[Records provided]
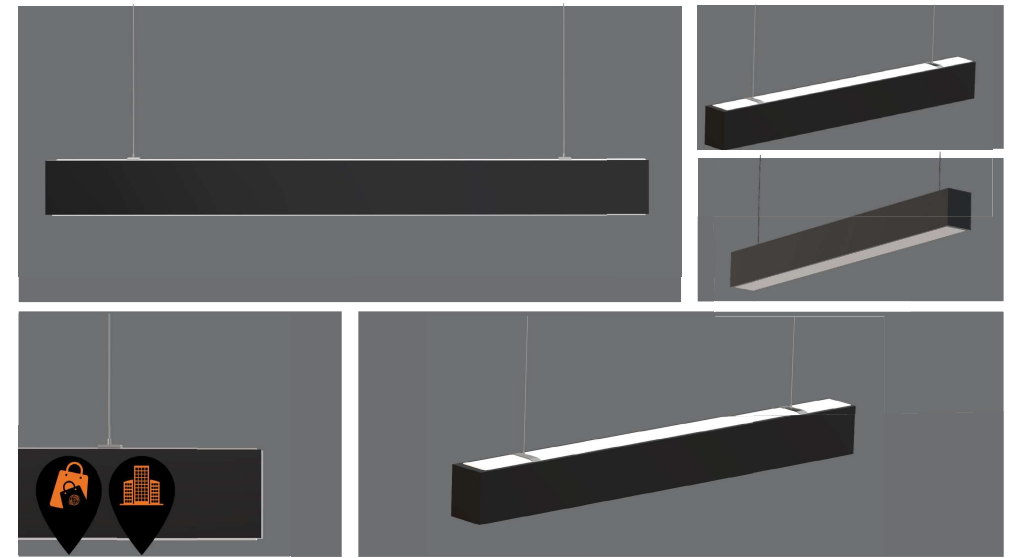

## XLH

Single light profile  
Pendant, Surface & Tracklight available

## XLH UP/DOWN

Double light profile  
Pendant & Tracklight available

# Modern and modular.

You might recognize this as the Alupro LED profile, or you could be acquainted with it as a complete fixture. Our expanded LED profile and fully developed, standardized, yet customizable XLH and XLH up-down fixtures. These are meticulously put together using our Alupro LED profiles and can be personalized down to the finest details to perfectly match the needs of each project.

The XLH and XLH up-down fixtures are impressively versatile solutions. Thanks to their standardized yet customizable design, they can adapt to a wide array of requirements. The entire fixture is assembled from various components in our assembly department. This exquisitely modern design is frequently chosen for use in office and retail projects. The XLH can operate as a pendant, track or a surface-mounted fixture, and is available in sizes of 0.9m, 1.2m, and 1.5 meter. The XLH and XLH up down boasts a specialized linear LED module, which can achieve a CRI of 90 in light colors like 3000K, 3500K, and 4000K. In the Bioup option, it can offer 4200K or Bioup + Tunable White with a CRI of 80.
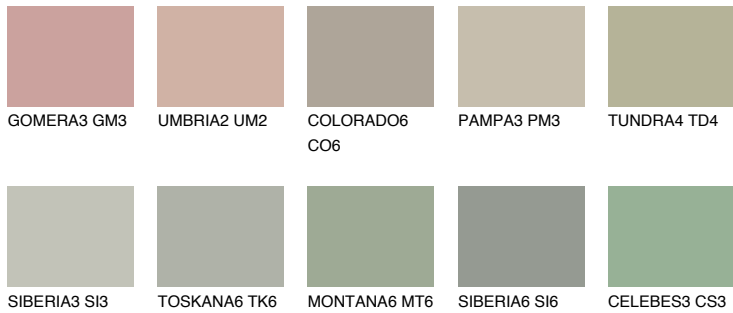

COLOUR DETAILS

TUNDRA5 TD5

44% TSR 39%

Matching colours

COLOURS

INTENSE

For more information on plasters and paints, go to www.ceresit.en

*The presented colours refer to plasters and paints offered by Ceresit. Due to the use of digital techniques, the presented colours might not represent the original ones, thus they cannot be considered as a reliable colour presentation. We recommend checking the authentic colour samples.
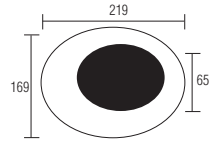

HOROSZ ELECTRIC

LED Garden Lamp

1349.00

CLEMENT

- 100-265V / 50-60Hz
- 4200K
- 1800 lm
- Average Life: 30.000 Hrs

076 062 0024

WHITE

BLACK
* * *
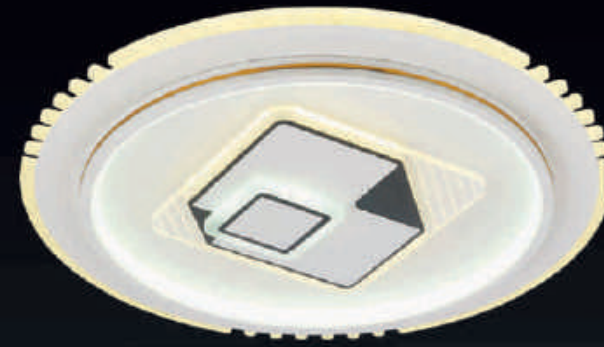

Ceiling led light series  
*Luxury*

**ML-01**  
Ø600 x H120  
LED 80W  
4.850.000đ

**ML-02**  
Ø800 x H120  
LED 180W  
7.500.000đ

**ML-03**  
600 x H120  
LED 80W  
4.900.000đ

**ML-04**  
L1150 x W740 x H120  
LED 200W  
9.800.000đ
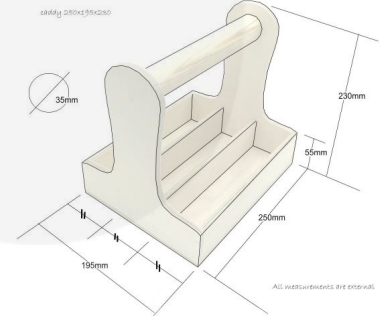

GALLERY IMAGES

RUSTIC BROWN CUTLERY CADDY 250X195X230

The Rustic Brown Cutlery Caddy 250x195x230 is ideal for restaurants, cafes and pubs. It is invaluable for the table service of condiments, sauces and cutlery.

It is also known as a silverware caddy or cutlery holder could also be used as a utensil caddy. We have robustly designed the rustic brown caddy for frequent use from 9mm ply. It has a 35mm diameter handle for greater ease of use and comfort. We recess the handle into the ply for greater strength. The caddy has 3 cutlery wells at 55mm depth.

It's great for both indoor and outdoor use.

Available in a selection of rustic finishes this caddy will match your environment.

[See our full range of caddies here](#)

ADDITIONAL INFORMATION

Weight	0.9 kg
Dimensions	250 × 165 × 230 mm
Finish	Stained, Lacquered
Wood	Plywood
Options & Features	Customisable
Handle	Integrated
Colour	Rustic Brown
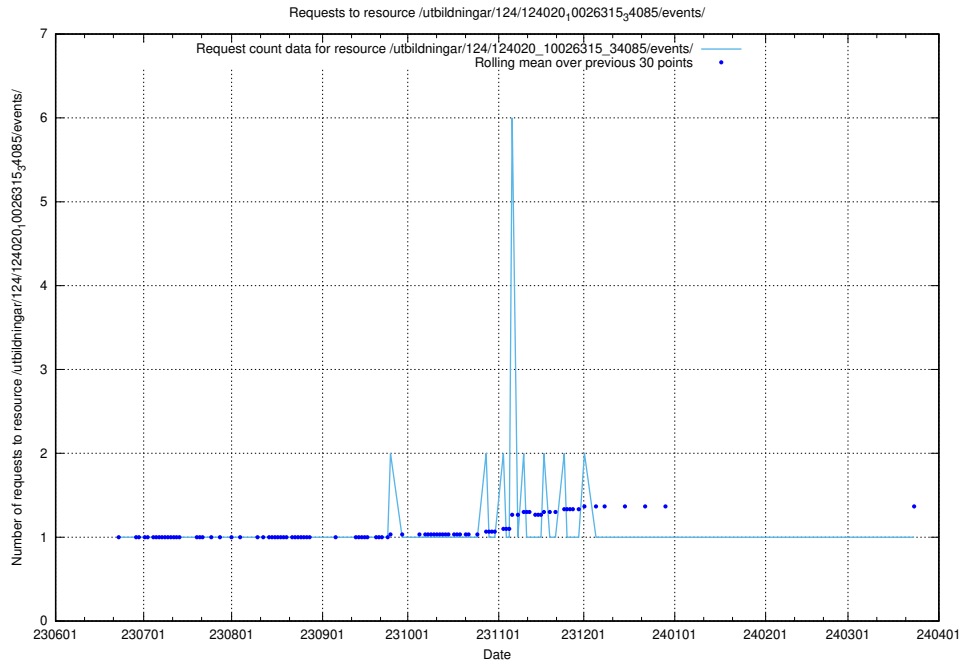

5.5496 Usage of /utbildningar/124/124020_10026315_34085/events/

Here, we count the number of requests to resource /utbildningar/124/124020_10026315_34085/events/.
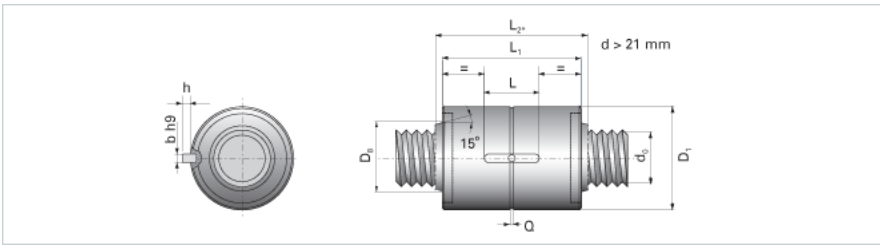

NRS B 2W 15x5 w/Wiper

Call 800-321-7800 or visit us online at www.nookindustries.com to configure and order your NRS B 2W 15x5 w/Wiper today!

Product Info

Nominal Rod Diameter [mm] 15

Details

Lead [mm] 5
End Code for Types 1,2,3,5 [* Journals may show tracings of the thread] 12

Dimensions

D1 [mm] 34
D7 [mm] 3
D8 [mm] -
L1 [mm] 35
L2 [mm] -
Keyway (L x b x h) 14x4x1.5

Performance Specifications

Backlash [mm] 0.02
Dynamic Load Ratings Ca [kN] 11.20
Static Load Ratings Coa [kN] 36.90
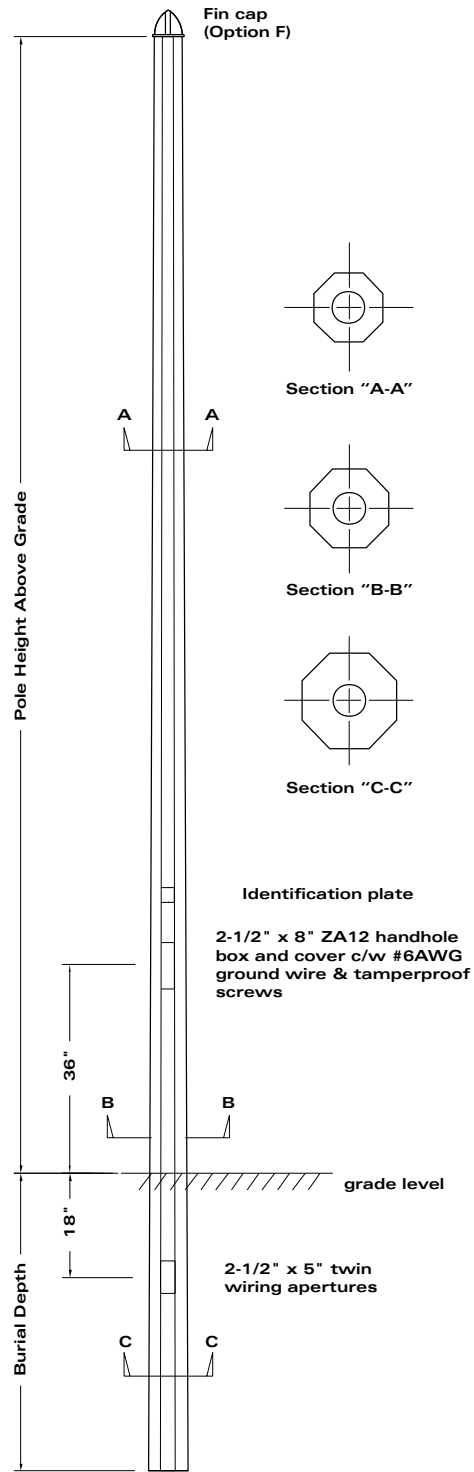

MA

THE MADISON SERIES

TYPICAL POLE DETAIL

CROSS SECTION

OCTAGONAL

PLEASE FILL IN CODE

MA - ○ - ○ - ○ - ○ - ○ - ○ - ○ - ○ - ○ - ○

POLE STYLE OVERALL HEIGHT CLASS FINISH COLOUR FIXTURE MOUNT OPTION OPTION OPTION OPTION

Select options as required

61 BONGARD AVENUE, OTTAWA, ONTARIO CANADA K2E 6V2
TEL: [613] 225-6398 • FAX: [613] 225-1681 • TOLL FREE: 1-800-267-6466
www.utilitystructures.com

[Task to carry out] Would you show every line in the data above that contains the string "Tracklight"?

[Response to this task]
Pendant, Surface & Tracklight available
Pendant & Tracklight available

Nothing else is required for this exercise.